Jueces jugando a ser acusaciones; más sobre el principio acusatorio


Si hace pocos días veíamos un breve resumen de la reciente STC 223/2015, en la que el Tribunal Constitucional declaraba contrario al art. 24 CE que una Audiencia alterase contra reo la calificación jurídica determinada por un Juzgado de lo Penal vía recurso de apelación sin que la Fiscalía hubiese recurrido ese punto, hoy vamos a ver la breve STS 5268/2015, de 10-XII, ponente Excmo. Manuel Marchena Gómez, que anula un pronunciamiento de la Audiencia de Barcelona en este caso.

Un sujeto es acusado y condenado por traer cocaína a nuestro país en sus intestinos. La Fiscalía reconocía expresamente la atenuante de drogadicción (21. 2 Cp). Sin embargo, la Audiencia le condena sin aplicarle la atenuante que todas las partes reconocían.

Dice el FJ 3º:
El segundo motivo invoca la indebida inaplicación del art. 21.1 del CP, en relación con el art. 20.2 del mismo texto. Razona el recurrente que esa atenuante - aun con carácter simple- fue también postulada por el Ministerio Fiscal. Entiende que debería haber sido apreciada como eximente incompleta. Su omisión implica -se concluye- una vulneración del principio acusatorio.
El motivo, que cuenta con el apoyo expreso del Fiscal, ha de ser parcialmente estimado.
En efecto, en nuestra STS 362/2008, 13 de junio, nos hacíamos eco de la jurisprudencia del Tribunal Constitucional -de la que las SSTC 122/2000, 16 de mayo y 53/1987, 7 de mayo , son fieles exponentes-, sobre el principio acusatorio, en la exigible correlación entre acusación y defensa. Allí se explica que el principio acusatorio admite y presupone el derecho de defensa del imputado y, consecuentemente, la posibilidad de «contestación» o rechazo de la acusación. Permite en el proceso penal la posibilidad de la contradicción, vale decir la confrontación dialéctica entre las partes. Conocer los argumentos del adversario hace viable manifestar ante el Juez los propios, indicando los elementos de hecho y de Derecho que constituyen su base, así como, en definitiva, una actuación plena en el proceso.
Pues bien, resulta evidente que se genera indefensión cuando el Tribunal sentenciador prescinde de una atenuante que ha sido solicitada por la acusación. La estrategia defensiva del investigado ha de contar anticipadamente con la seguridad que proporciona el hecho de que el propio Fiscal reconozca la existencia, como sucede en el presente caso, de una alteración de la imputabilidad por concurrencia de la atenuante de drogadicción (art. 21.2 CP). El desafío probatorio de la defensa no es el mismo, desde luego, cuando el relato de hechos sobre los que se construye la acusación del Fiscal ya incluye una disminución de la culpabilidad. Y esa relajación de la defensa para la aportación de elementos de descargo sobre tal aspecto, no puede ser inesperadamente resuelta con el rechazo por el Tribunal de la atenuante que el propio Fiscal admite en sus conclusiones definitivas.
Asá lo ha entendido también la jurisprudencia más clásica, representada entre otras muchas, por las SSTS 1321/2001, 42334/1993, 23 de octubre, STS 1175/1999, 18 febrero.”.

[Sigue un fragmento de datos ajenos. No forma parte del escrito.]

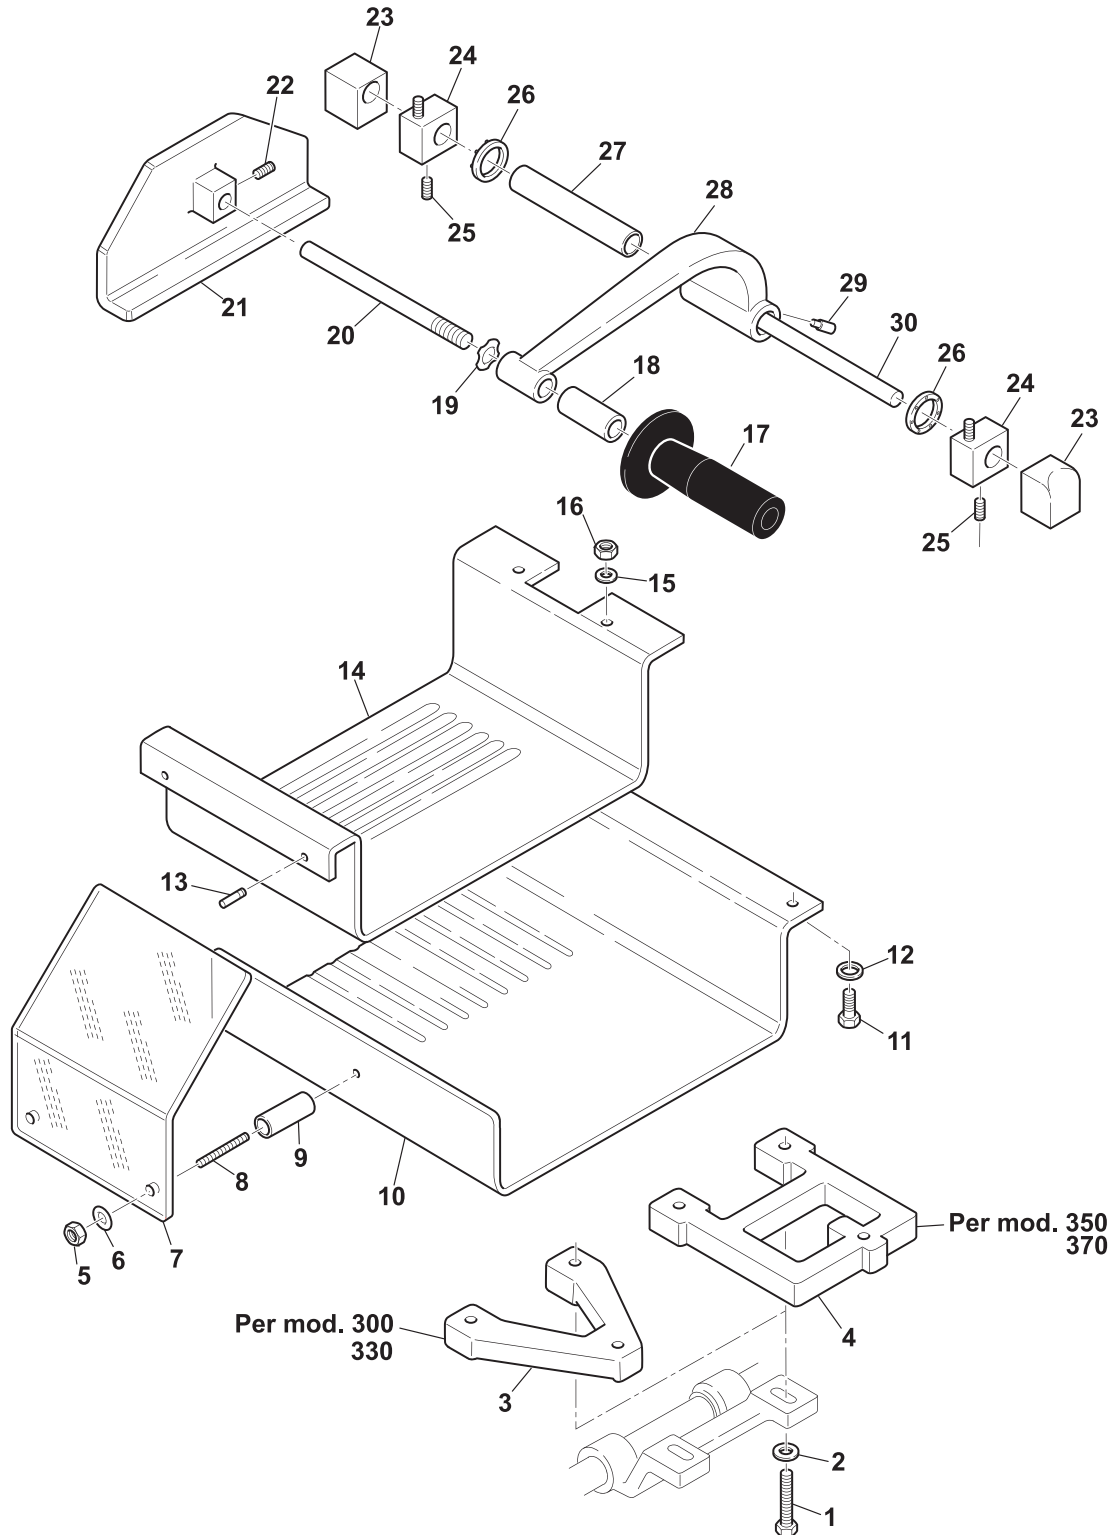

Parts Breakdown

Model MS-IT-0330-CE 46163

Product Holder Assembly
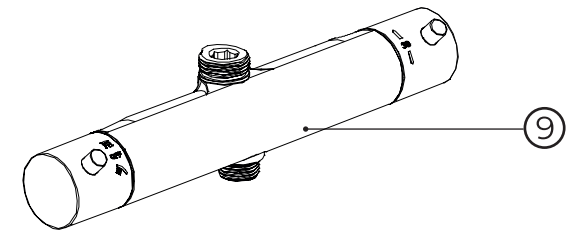

kielle

20602010

No.	Material code	Name	QTY
1	90201ND4C	Diverter handle, chrome	1
2	90201ND7	Diverter	1
3	90201ND9	Cartridge	1
4	90201ND12C	Thermostat handle, chrome	1
5	90201ND0C	S-connection with rosette, chrome	1
6	90201ND5C	Slider, chrome	1
7	90201ND14C	Rail connection, chrome	1
8	90203ND1	Service wrench	1
9	90201ND00	Thermostatic mixer	1
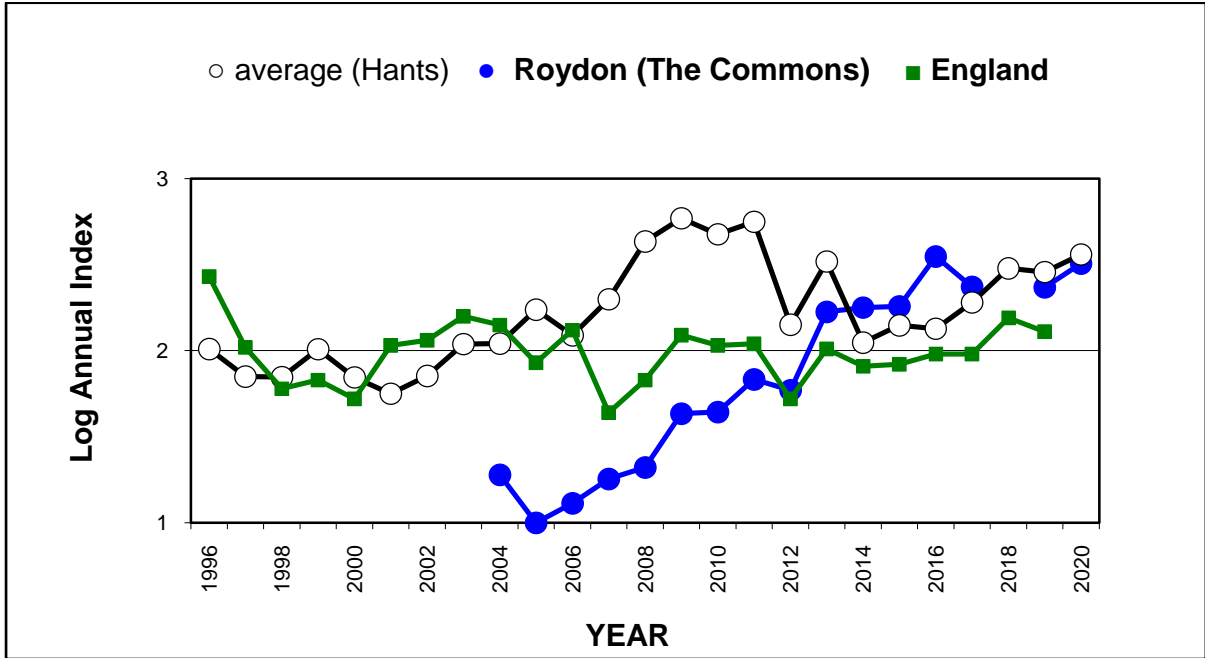

Painted Lady (*Vanessa cardui*)

25 year butterfly species trends for Hampshire & Isle of Wight

Peacock (*Aglais io*)

25 year butterfly species trends for Hampshire & Isle of Wight

Pearl-bordered Fritillary (*Boloria euphrosyne*)

25 year butterfly species trends for Hampshire & Isle of Wight

Purple Emperor (*Apatura iris*)

25 year butterfly species trends for Hampshire & Isle of Wight

Purple Hairstreak (*Favonius quercus*)

25 year butterfly species trends for Hampshire & Isle of Wight

Red Admiral (*Vanessa atalanta*)

25 year butterfly species trends for Hampshire & Isle of Wight

Ringlet (*Aphantopus hyperantus*)

25 year butterfly species trends for Hampshire & Isle of Wight

Silver-spotted Skipper (*Hesperia comma*)

25 year butterfly species trends for Hampshire & Isle of Wight

Silver-studded Blue (*Plebejus argus*)

25 year butterfly species trends for Hampshire & Isle of Wight

Silver-washed Fritillary (*Argynnis paphia*)

Y en mi particular cruzada contra ciertas actuaciones que parecen percibirse en algunos órganos colegiados ¿cómo es que ninguno de los Magistrados de la Audiencia formuló un voto particular? Porque nadie debe dudar que se leen la sentencia antes de firmarla, que tiene que haber sido el punto de la atenuante objeto de deliberación, que tiene trascendencia para la ejecutoria de cara a la suspensión específica por grave adicción a sustancias y que esto es algo que desde el año 2000 el TC ha dejado más que claro.